ADT-specific results are stored in the alternative experiment of the output x:
import scranpy
results = scranpy.analyze_se(
sce,
adt_altexp="ADT",
rna_qc_subsets = {
"mito": [n.startswith("MT-") for n in gene_data.get_row_data().get_column("name")]
},
adt_qc_subsets = {
"igg": [n.startswith("IgG") for n in adt_data.get_row_data().get_column("name")]
}
)
print(results["x"].get_alternative_experiment("ADT").get_column_data()[:,["sum", "detected", "subset_sum_igg", "size_factor"]])
## BiocFrame with 6779 rows and 4 columns
## sum detected subset_sum_igg size_factor
## <ndarray[float64]> <ndarray[uint32]> <ndarray[float64]> <ndarray[float64]>
## [0] 2410.0 17 21.0 0.7935940817266915
## [1] 2637.0 17 30.0 0.7941033166783458
## [2] 5551.0 17 29.0 0.895364130394313
## ... ... ... ...
## [6776] 5079.0 17 11.0 0.7920783948957917
## [6777] 1757.0 17 12.0 0.6649272283074951
## [6778] 2312.0 17 33.0 0.7684763715276961
print(results["x"].get_alternative_experiment("ADT").get_reduced_dimension_names())
## ['PCA']analyze_se() combines the RNA and ADT data into a single embedding for downstream steps like visualization and clustering.
This ensures that those steps will use information from both modalities.
print(results["x"].get_reduced_dimension_names())
## ['PCA', 'combined', 'TSNE', 'UMAP']
import biocutils
print(biocutils.table(results["x"].get_column_data()["graph_cluster"]))
## ['0'=401, '1'=801, '2'=282, '3'=1030, '4'=1142, '5'=279, '6'=922, '7'=198, '8'=375, '9'=212, '10'=884, '11'=47, '12'=13, '13'=48, '14'=58, '15'=87]Similarly, analyze_se() will compute marker statistics for the ADT data:
print(scranpy.preview_markers(results["markers"]["adt"]["0"]))

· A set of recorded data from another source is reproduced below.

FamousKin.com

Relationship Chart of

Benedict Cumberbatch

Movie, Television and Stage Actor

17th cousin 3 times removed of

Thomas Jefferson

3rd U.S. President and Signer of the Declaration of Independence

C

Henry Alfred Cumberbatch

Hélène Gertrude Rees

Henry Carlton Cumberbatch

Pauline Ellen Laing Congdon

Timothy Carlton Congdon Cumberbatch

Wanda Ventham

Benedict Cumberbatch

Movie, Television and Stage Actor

## BiocFrame with 10 rows and 3 columns
## mean detected lfc
## <ndarray[float64]> <ndarray[float64]> <ndarray[float64]>
## CD3 10.710798038087853 1.0 3.073794979159913
## CD127 7.202083836362728 1.0 2.1670932585149587
## CD45RO 7.062122120526255 1.0 1.6391671901349703
## CD8a 7.530206276892356 1.0 1.8636563581508114
## CD56 5.110427162087626 1.0 0.6727102618980374
## PD-1 5.739783018333582 1.0 0.19200190878211132
## IgG1 4.330276551600134 1.0 -0.02840790745859983
## CD25 5.088783799767125 1.0 -0.1269303811218677
## TIGIT 3.6629345003643983 0.9975062344139651 -0.28573778753415674
## IgG2a 3.143818721927284 0.9900249376558603 -0.3191747955354897Most parameters can be changed by modifying the relevant arguments in analyze_se().
For example:
import scrnaseq
sce = scrnaseq.fetch_dataset("zeisel-brain-2015", "2023-12-14", realize_assays=True)

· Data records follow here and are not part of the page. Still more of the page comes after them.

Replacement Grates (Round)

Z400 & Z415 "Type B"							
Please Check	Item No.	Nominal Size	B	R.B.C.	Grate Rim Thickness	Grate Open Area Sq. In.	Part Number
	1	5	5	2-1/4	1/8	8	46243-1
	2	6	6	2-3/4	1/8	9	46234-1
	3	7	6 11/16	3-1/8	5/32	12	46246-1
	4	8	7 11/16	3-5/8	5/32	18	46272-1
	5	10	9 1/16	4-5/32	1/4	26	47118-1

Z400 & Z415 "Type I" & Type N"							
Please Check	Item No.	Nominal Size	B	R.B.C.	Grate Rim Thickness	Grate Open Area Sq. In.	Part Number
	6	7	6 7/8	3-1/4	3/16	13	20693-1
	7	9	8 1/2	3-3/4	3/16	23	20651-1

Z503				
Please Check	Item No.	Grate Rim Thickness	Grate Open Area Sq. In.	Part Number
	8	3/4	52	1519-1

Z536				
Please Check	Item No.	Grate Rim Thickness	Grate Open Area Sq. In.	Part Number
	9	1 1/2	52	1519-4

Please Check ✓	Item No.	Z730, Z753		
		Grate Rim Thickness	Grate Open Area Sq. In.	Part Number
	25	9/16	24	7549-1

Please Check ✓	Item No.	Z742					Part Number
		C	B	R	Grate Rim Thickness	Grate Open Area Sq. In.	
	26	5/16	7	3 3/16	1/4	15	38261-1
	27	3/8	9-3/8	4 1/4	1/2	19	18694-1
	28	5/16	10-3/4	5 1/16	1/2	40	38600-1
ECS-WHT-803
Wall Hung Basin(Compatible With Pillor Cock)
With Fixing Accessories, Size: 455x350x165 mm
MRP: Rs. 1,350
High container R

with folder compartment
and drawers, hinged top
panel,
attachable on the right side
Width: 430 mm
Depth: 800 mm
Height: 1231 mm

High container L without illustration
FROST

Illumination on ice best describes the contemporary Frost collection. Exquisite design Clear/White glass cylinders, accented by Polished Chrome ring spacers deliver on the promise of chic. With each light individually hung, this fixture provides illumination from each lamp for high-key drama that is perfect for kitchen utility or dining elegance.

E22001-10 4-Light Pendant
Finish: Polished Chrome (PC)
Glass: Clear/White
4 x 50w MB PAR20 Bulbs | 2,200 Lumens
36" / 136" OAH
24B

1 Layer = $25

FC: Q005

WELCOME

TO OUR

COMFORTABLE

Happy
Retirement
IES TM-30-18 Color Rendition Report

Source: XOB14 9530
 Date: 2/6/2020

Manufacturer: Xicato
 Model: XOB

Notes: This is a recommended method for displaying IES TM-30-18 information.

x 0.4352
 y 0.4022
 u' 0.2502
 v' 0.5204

is_mito = [name.startswith("mt-") for name in sce.get_row_names()]
import scranpy
results = scranpy.analyze(
sce,
rna_qc_subsets = {
"mito": is_mito
},
more_build_graph_args = {
"num_neighbors": 10
},
more_cluster_graph_args = {
"multilevel_resolution": 2
},
more_rna_pca_args = {
"number": 15
},
more_tsne_args = {
"perplexity": 25
},
more_umap_args = {
"min_dist": 0.05
}
)For finer control, users can call each step individually via lower-level functions. A typical RNA analysis might be implemented as:
res = scranpy.quick_rna_qc_se(sce, subsets={ "mito": is_mito })
res = res[:,res.get_column_data()["keep"]]

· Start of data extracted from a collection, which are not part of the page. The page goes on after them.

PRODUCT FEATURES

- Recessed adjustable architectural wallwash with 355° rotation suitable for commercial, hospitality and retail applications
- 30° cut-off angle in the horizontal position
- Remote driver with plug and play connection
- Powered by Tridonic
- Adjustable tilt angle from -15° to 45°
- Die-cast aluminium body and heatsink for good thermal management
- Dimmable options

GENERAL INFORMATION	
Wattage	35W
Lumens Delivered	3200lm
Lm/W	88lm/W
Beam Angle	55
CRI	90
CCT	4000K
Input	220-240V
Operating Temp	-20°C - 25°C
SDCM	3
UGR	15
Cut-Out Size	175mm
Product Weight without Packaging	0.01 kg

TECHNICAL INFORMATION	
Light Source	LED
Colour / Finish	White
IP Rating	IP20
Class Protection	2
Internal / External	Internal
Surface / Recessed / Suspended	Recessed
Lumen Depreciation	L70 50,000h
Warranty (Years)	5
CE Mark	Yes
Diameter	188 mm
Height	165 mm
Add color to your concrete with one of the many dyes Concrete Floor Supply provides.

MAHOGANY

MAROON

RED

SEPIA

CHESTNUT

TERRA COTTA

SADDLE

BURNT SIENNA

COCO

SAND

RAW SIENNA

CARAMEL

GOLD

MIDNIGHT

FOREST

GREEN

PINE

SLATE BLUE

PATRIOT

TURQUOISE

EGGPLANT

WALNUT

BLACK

res = scranpy.normalize_rna_counts_se(res, size_factors=res.get_column_data()["sum"])
res = scranpy.choose_rna_hvgs_se(res)
res = scranpy.run_pca_se(res, features=res.get_row_data()["hvg"])
res = scranpy.run_all_neighbor_steps_se(res)
markers = scranpy.score_markers_se(res, groups=res.get_column_data()["clusters"])Check out analyze_se() source code for more details.